*Assignment:* Your answer must consist of exactly the lines below, starting with the line with "1 通 2 3 4 兴" and going on through the line with "微博 | 微信公众号 |", and nothing else.

*Supplied records:*
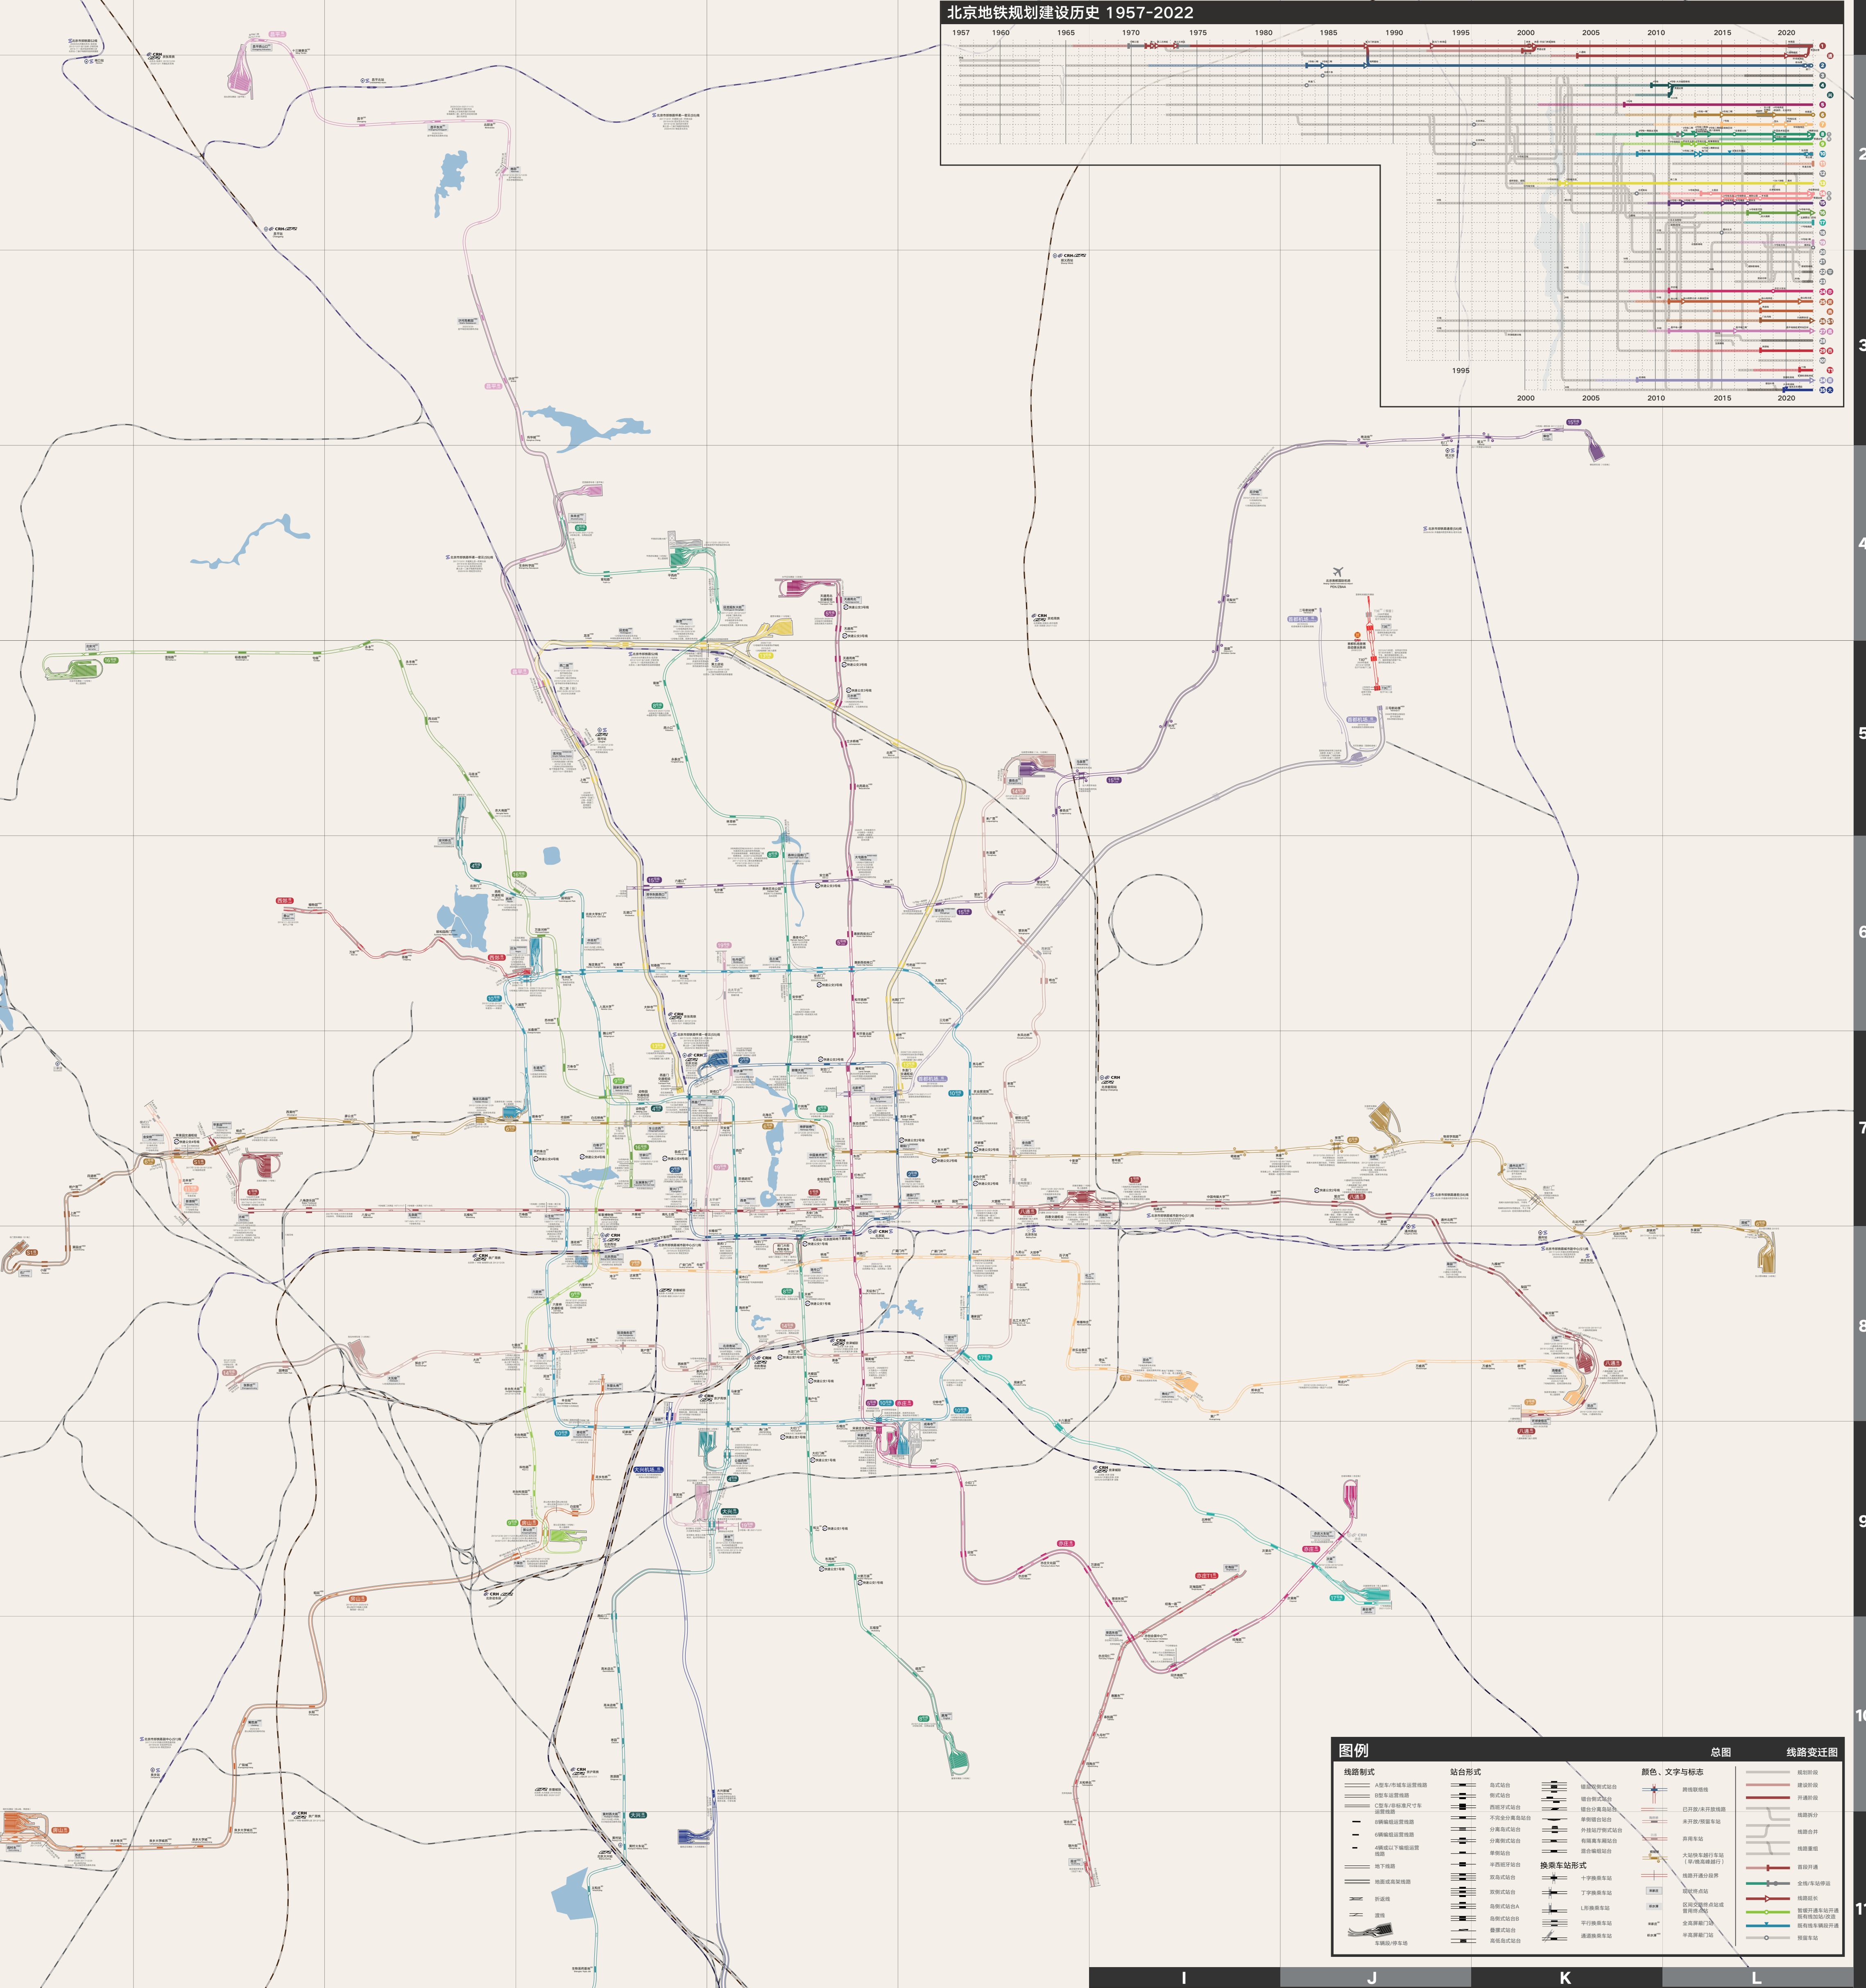

图解北京城市轨道交通

BEIJING URBAN RAIL TRANSIT NETWORK

S1 S2 S5 S6 京津 京雄 京沪 京广 京张 京沈 西 T
1 通 2 3 4 兴 5 6 7 8 9 10 11 12 13 14 15 16 17 19 亦房燕 S1 昌 28 首大

2022年迎冬奥版 V10.5

图例		总图	
线路制式	站台形式	颜色、文字与标志	线路变迁图
<ul style="list-style-type: none"> 大断面地下车站 小断面地下车站 地面车站 高架车站 混合式车站 换乘站 车辆段/停车场 联络线 试车线 有轨电车 磁悬浮 其他 	<ul style="list-style-type: none"> 岛式 侧式 混合式 地下 地面 高架 混合式 其他 	<ul style="list-style-type: none"> 线路名称 线路编号 换乘站 终点站 起点站 运营时间 其他 	<ul style="list-style-type: none"> 线路延伸 线路收缩 线路合并 线路拆分 其他

帝都绘工作室出品
 微博 | 微信公众号 | 抖音 | 快手 | 小红书 | 哔哩哔哩 | 知乎 | 豆瓣 | 喜马拉雅 | 网易云音乐 | 爱奇艺 | 腾讯视频 | 优酷 | 芒果TV | 爱奇艺 | 腾讯视频 | 优酷 | 芒果TV
 #帝都绘 #北京地铁 #城市轨道交通 #帝都绘工作室 #帝都绘设计 #帝都绘品牌 #帝都绘文化 #帝都绘艺术 #帝都绘创意 #帝都绘灵感 #帝都绘思维 #帝都绘智慧 #帝都绘力量 #帝都绘勇气 #帝都绘决心 #帝都绘信心 #帝都绘恒心 #帝都绘耐心 #帝都绘毅力 #帝都绘恒心 #帝都绘信心 #帝都绘恒心 #帝都绘耐心 #帝都绘毅力

*Exercise response:*
1 通 2 3 4 兴 5 6 7 8 9 10 11 12 13 14 15 16 17 19 亦房燕 S1 昌 28 首大

2022年迎冬奥版 V10.5

图例		总图	
线路制式	站台形式	颜色、文字与标志	线路变迁图
<ul style="list-style-type: none"> 大断面地下车站 小断面地下车站 地面车站 高架车站 混合式车站 换乘站 车辆段/停车场 联络线 试车线 有轨电车 磁悬浮 其他 	<ul style="list-style-type: none"> 岛式 侧式 混合式 地下 地面 高架 混合式 其他 	<ul style="list-style-type: none"> 线路名称 线路编号 换乘站 终点站 起点站 运营时间 其他 	<ul style="list-style-type: none"> 线路延伸 线路收缩 线路合并 线路拆分 其他

帝都绘工作室出品
 微博 | 微信公众号 | 抖音 | 快手 | 小红书 | 哔哩哔哩 | 知乎 | 豆瓣 | 喜马拉雅 | 网易云音乐 | 爱奇艺 | 腾讯视频 | 优酷 | 芒果TV | 爱奇艺 | 腾讯视频 | 优酷 | 芒果TV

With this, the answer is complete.